# [Bass] Orlando Area - April Topwater



## Guest (May 3, 2011)

Nice fish!

In our pond/lake in the backyard I fish for Bass when they spawn, but this year I have yet to see any. They are under the banks and while walking the dog they are easy to see their tail fins. 

Anyone know if they have spawned already or are just late this year? This is the only time I fish for them and my best is 8lbs. released right back to her bed!


----------



## AfterHours2 (Aug 2, 2010)

Is that a little Conway action. Some pics look familiar..


----------



## jeross (Jun 6, 2009)

TheBrazilNut - in my area the bass have spawned over a month ago. The larger fish in my pics are likely females. You can see that their heads are massive and the bodies are a bit thin in comparison. They have spawned and have been aggressively feeding to make up that body weight. That's why the topwater action has been so good.

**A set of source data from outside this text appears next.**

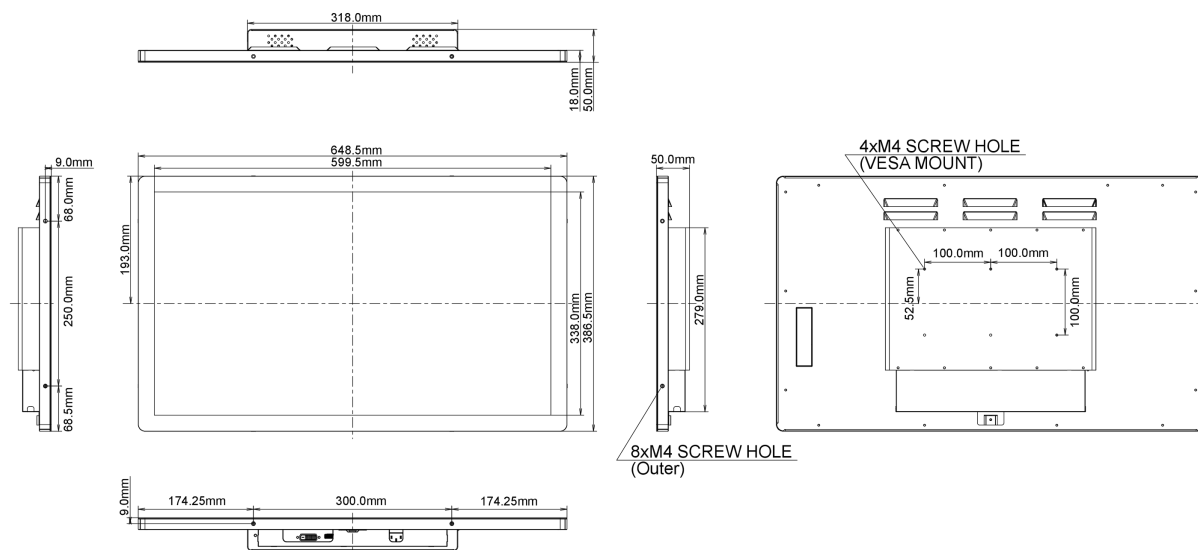

10 WYMIARY / WAGA

Wymiary produktu szer. x wys. x gł.	648.5 x 386.5 x 50mm
Waga (bez pudła)	7.7kg
Kod EAN	4948570115143

11 EU ENERGY EFFICIENCY LABEL

Producent	iiyama
Model	ProLite TF2738MSC-B1
Klasa efektywności energetycznej	A
Przekątna obszaru widocznego	68.6cm; 27"; (27" segment)
Zużycie energii w trybie pracy	30W
Roczne zużycie energii	44kWh/rok*
Power in Standby	0.5W stand by
Rozdzielczość	1920 x 1080

After Hours2 - None from Lake Conway this month. These fish are from seven lakes (Lake Maitland, Lake Osceola, Lake Virginia, Lake Mizell; Lake Ivanhoe; Lake Fairview, Lake Sarah) all being a 10 minute splash from my house.


----------



## makin moves (Mar 20, 2010)

nice fish looks like the bite is really on good work


----------



## HaMm3r (Dec 11, 2006)

Excellent month of catching!  I'm seriously jealous how often you're getting out. :'( Since taking this new job, I just haven't managed to get the fishing hours in that I used to, although I try to make a few casts at least a couple days every week.


I also agree that the spawn seems to be over, mostly. The beds are all empty where I fish.


----------